Rev Port Med Geral Fam vol.39 no.5 Lisboa oct. 2023  Epub 31-Oct-2023

https://doi.org/10.32385/rpmgf.v39i5.13938 

Legado de medicina geral e familiar

Mário Moura - O mestre que ensina pelo exemplo

Eduardo Mendes1 

1. Médico de Família, reformado. Portugal.


“O Médico que apenas sabe Medicina, nem Medicina sabe.”

Abel Salazar

1889 - 1946

Não foi uma escolha fácil, nem, ao início, consensual. Estamos no primeiro semestre de 1983. Estava a tomar corpo a criação de uma associação de médicos de Clínica Geral que fosse uma entidade aglutinadora, que produzisse um corpo teórico coerente, que interagisse com as outras especialidades médicas, que fosse uma força representativa, que actuasse como grupo de pressão e que fosse reconhecida nacional e internacionalmente, o que viria a concretizar-se em Maio desse ano com a fundação da Associação Portuguesa de Médicos de Clínica Geral.

O grupo alargado de jovens médicos, responsável por este movimento fundacional, tinha de encontrar um Colega da área dos Cuidados Primários, prestigiado, respeitado, reconhecido interpares e pela sociedade, que assumisse a Presidência da Direcção da novel associação.

Entre outros foi sugerido, por Colegas da região de Setúbal, o nome de um médico experiente, maduro, prestigiado, que pela força e influência do seu exemplo pessoal, profissional e cívico, reunia, no seu entender, as condições que se pretendiam para um Presidente da Associação profissional e científica que estava a nascer.

O Dr. Mário da Silva Moura, já na casa dos 50 anos, Consultor de Clínica Geral, na altura Director do Centro de Saúde de Setúbal, com um ar respeitável, que lhe era acrescido pelo cabelo e barba brancos, foi o nome proposto e finalmente, em boa hora, por todos aceite.

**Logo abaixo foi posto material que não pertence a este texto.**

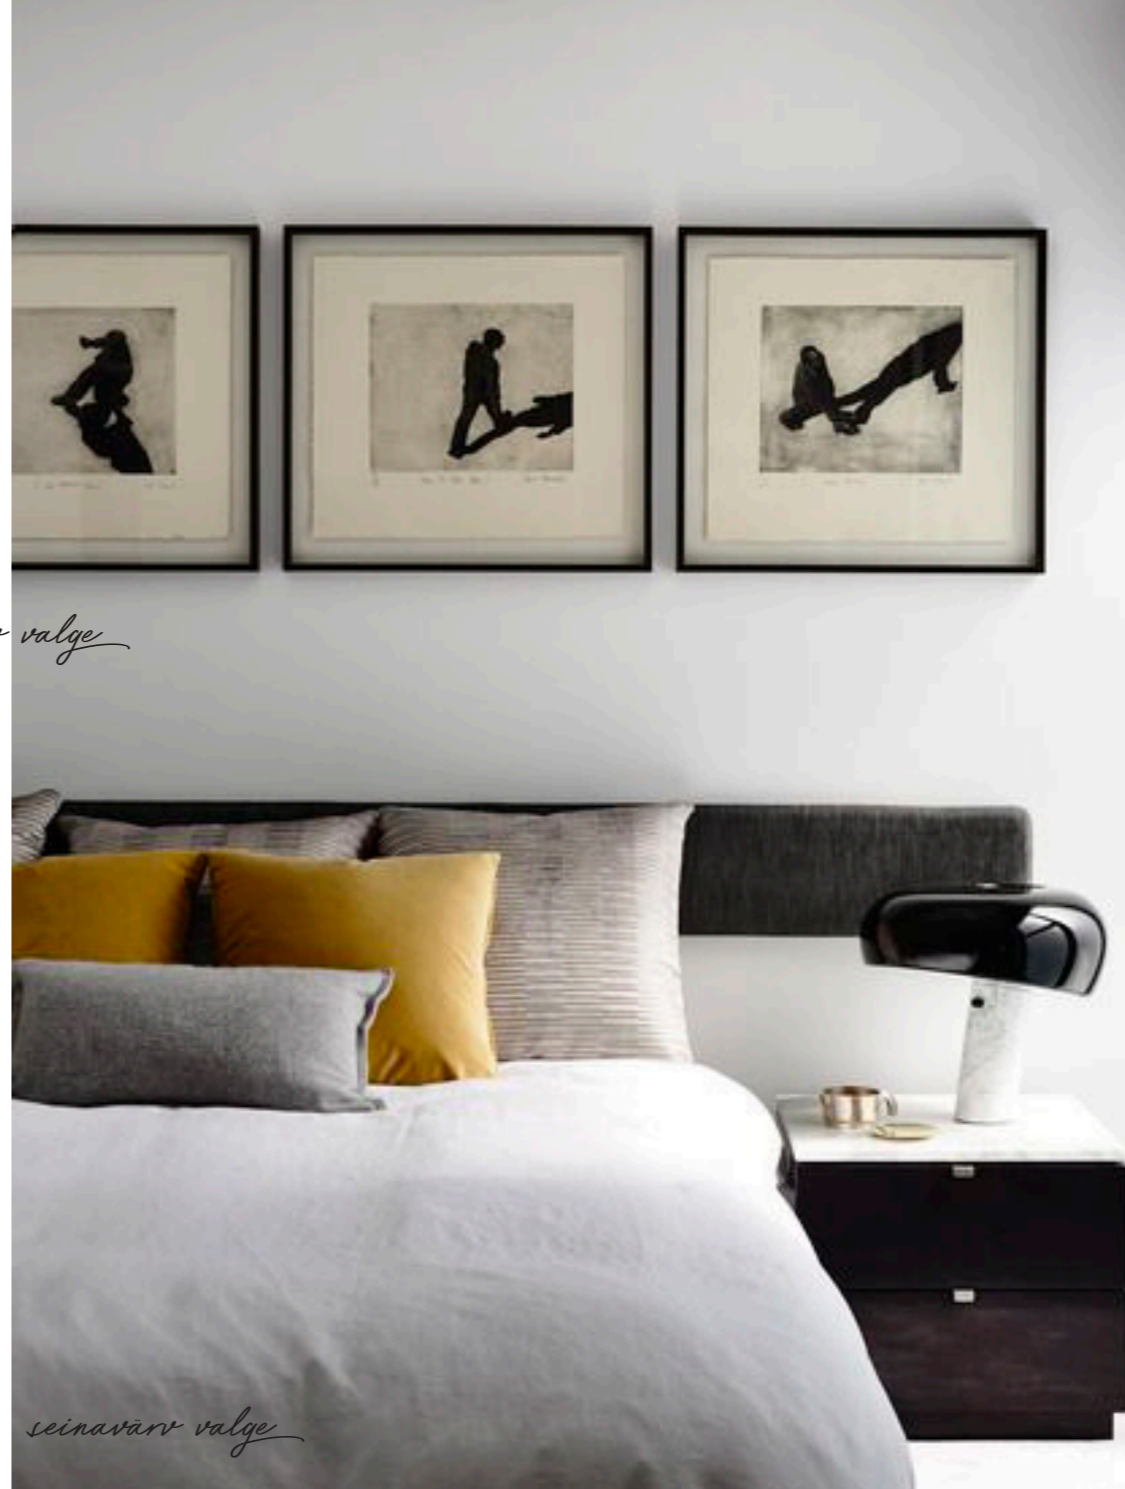

*looduslikud mahedad toonid
erksad müstritega aktsendid*

aktsentvärvi seinas

ker. plaat pesuruumide põrand

ker. plaat pesuruumide sein

seinavärv valge

seinavärv valge

parkett - naturaalne tamm

TÄHE
RESIDENTSID

*eluruumid Cool Natural
pesuruumid Relax1*

*värviline noore inimese kodu,
naturaalsed loodusest
inspireeritud toonid,
erksad müstritega aktsendid*

ker. plaat esik
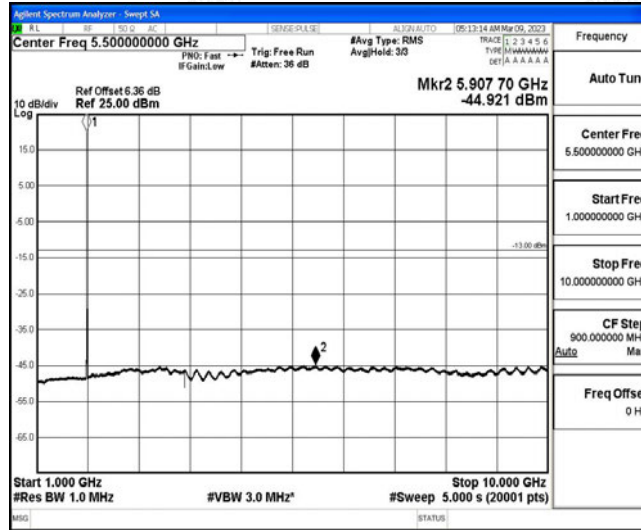

Band2-3MHz-16QAM-18900-1RB#0-Range2:0.15~30MHz

Band2-3MHz-16QAM-18900-1RB#0-Range3:30~1000MHz

Band2-3MHz-16QAM-18900-1RB#0-Range4:1000~10000MHz

Band2-3MHz-16QAM-18900-1RB#0-Range5:10000~20000MHz

Band2-3MHz-16QAM-19185-1RB#0-Range1:0.009~0.15MHz
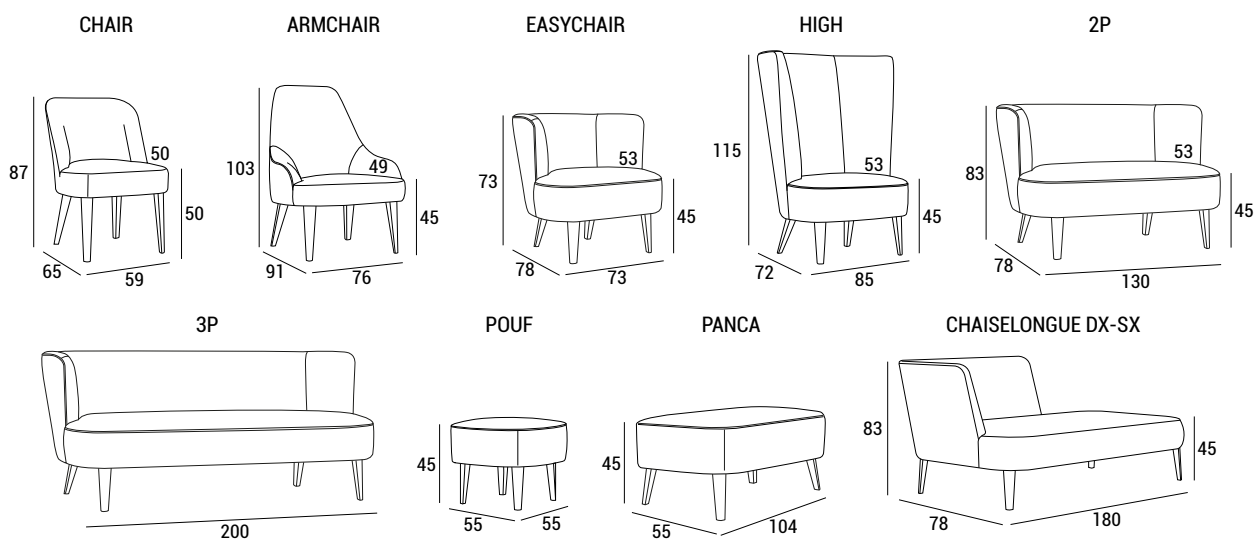

Zelie è una famiglia di sedute contract sinuosa e discreta, che offre una gamma di sedute, dalla più semplice sedia al divanetto passando per una poltrona con schienale all'alto, votata all'isolamento e alla privacy.

Il concetto di famiglia di sedute per l'hotellerie rende la collezione molto fruibile per arredare diverse aree del progetto richiamando lo stesso stile, ed assolvendo alla necessità di sedute di diverse tipologie, sedia per sala colazioni, sedia per la camera, poltroncina e divanetti per le zone di attesa. Le gambe in legno la sollevano da terra facilitando le operazioni di pulizia, e possono essere scelte in un'ampia gamma di essenze.

- 1 - fibra di dacron® 100 gr;
- 2 - poliuretano espanso indeformabile di diverse densità;
- 3 - telaio in multistrato e agglomerato di legno;
- 4 - gambe in faggio naturale.

## DIMENSIONI
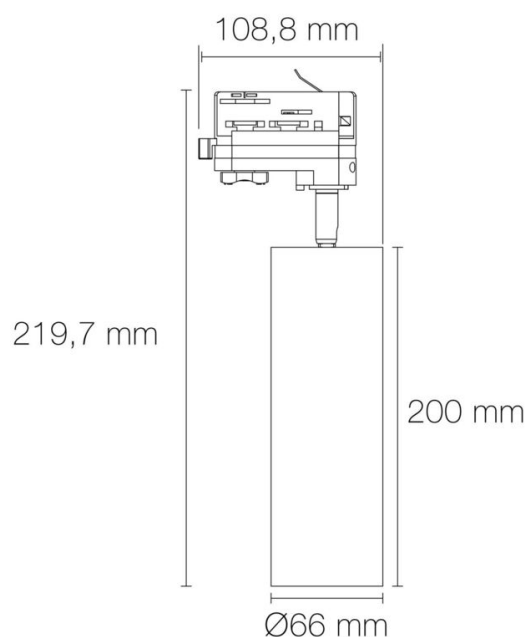

SCHÉMAS TECHNIQUES

ACCESSOIRES

- [Anneau décoratif ANOVI UNIVERSAL rond doré](#) (Référence : 2906)
- [Anneau décoratif ANOVI UNIVERSAL rond cuivre](#) (Référence : 2907)
- [Anneau décoratif ANOVI UNIVERSAL rond aluminium laqué](#) (Référence : 2903)
- [Anneau décoratif ANOVI UNIVERSAL rond blanc mat](#) (Référence : 2900)
- [Anneau décoratif ANOVI UNIVERSAL rond noir mat](#) (Référence : 2905)
- [Module LED'UP UNIVERSAL SWITCH RETROFIT 6W 60° 230VAC/27VDC](#) (Référence : 57096)
- [LAMPE LED GU10 4000K 6W 550lm 48° 230VAC](#) (Référence : 406331)
- [LAMPE LED GU10 3000K 6W 500lm 48° 230VAC](#) (Référence : 406330)
- [LAMPE LED GU10 - WiZ Pro TW 2700K-6500K 4,7W 345lm 36° 230VAC](#) (Référence : 409307)
- [LAMPE LED GU10 - WiZ Pro RGB+TW 2200K-6500K 4,7W 36° 230VAC](#) (Référence : 409308)
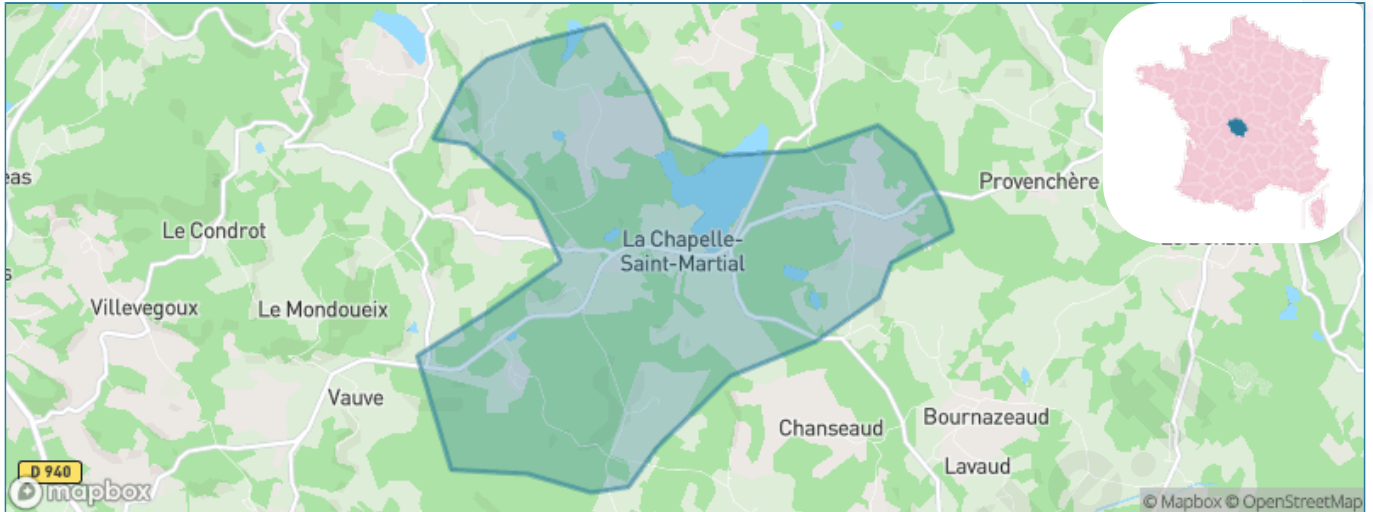

Version web

Ville de La Chapelle- Saint-Martial

Présenté par

BIEN dans
ma **VILLE** 

Sommaire

Situation géographique	3
Statistiques sur la population	4
Evolution du nombre d'habitants	4
Tranche d'âge	5
0-14 ans	5
15-29 ans	5
30-44 ans	5
45-59 ans	5
60-74 ans	5
75-89 ans	5
90 ans et +	5
Activité professionnelle	5
Agriculteurs	5
Artisans, Commerçants	5
Cadres et sup.	5
Professions intermédiaires	5
Employé	5
Ouvrier	5
Retraité	5
Autres	5
Niveau de diplôme	6
Sans diplôme ou CEP	6
Brevet, BEPC, DNB	6
CAP-BEP ou équivalent	6
BAC ou équivalent	6
BAC+2	6
BAC+3 ou +4	6
BAC+5 ou plus	6
Composition des ménages	6
Couple sans enfant	6
Couple avec enfant(s)	6
Famille monoparentale	6
Colocation / Autre	6
Personnes seules	6
Profils électoraux	7
Premier tour	7
Sécurité	8
Evolution du nombre d'infractions	8
Pour comparer	9
Services à la population	10
Commerce	10
Éducation	10
Villes autour de La Chapelle-Saint-Martial	11

Situation géographique

i Informations clés

- **Région** : Nouvelle-Aquitaine
- **Département** : Creuse
- **Code postal** : 23250
- **Superficie** : 10 km²

la CREUSE
le Département

Statistiques sur la population
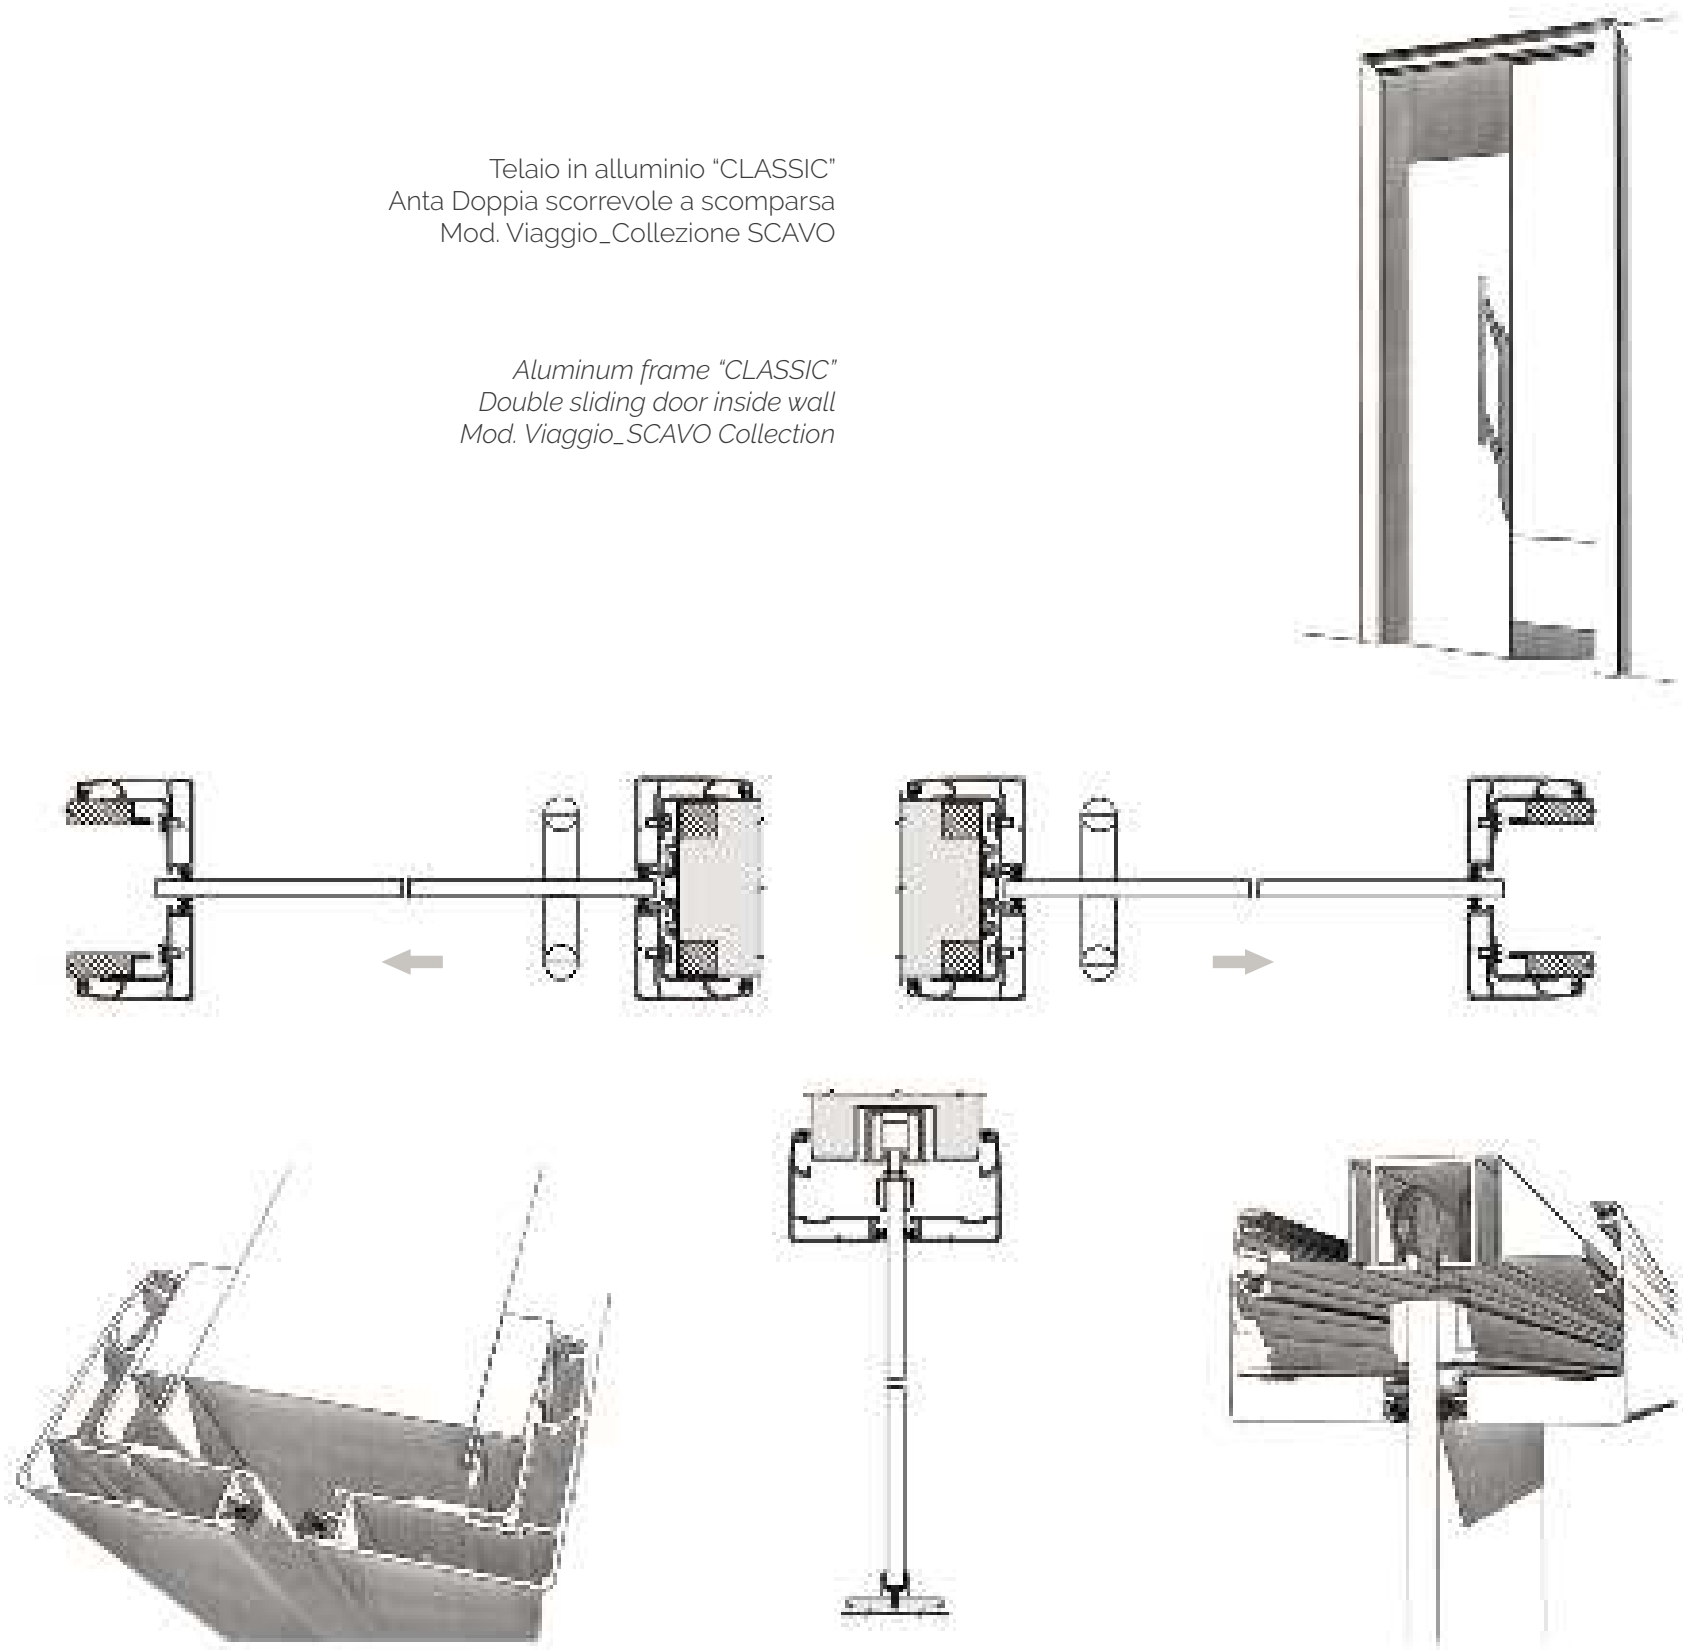

Telaio minimale in alluminio  
 Anta singola battente  
 Mod. Lips\_Collezione ARTWORKS

*Minimal aluminum frame  
 Single hinged door  
 Mod. Lips\_ARTWORKS Collection*

Telaio in alluminio filo parete murato

Telaio filo parete murato in alluminio  
Anta singola a vetro  
Mod. TRATTO nero\_Collezione IMPRESSION

*Walled aluminum frame  
Single hinged door  
Mod. TRATTO black\_IMPRESSION Colletion*

Porta a battente, telaio in alluminio "CLASSIC"  
Mod. Bronzo\_Collezione ACIDATI

*"CLASSIC" Single hinged door, aluminium frame  
Mod. Bronze\_ETCHED Collection*

Telaio in alluminio "CLASSIC"  
Anta Doppia scorrevole a scomparsa  
Mod. Viaggio\_Collezione SCAVO

Aluminum frame "CLASSIC"  
Double sliding door inside wall  
Mod. Viaggio\_SCAVO Collection

O tempo veio demonstrar o acerto, a lucidez e a visão dessa proposta.

Durante doze anos o Dr. Mário Moura assumiu a Presidência da Associação Portuguesa de Médicos de Clínica Geral, mantendo-se ainda como Presidente Honorário da actual Associação de Portuguesa de Medicina Geral e Familiar.

O curriculum vitae do Dr. Mário Moura é muito rico e multifacetado, abrangendo, para além da actividade clínica e académica, a investigação, a escrita, a intervenção social, cultural, associativa, política e religiosa.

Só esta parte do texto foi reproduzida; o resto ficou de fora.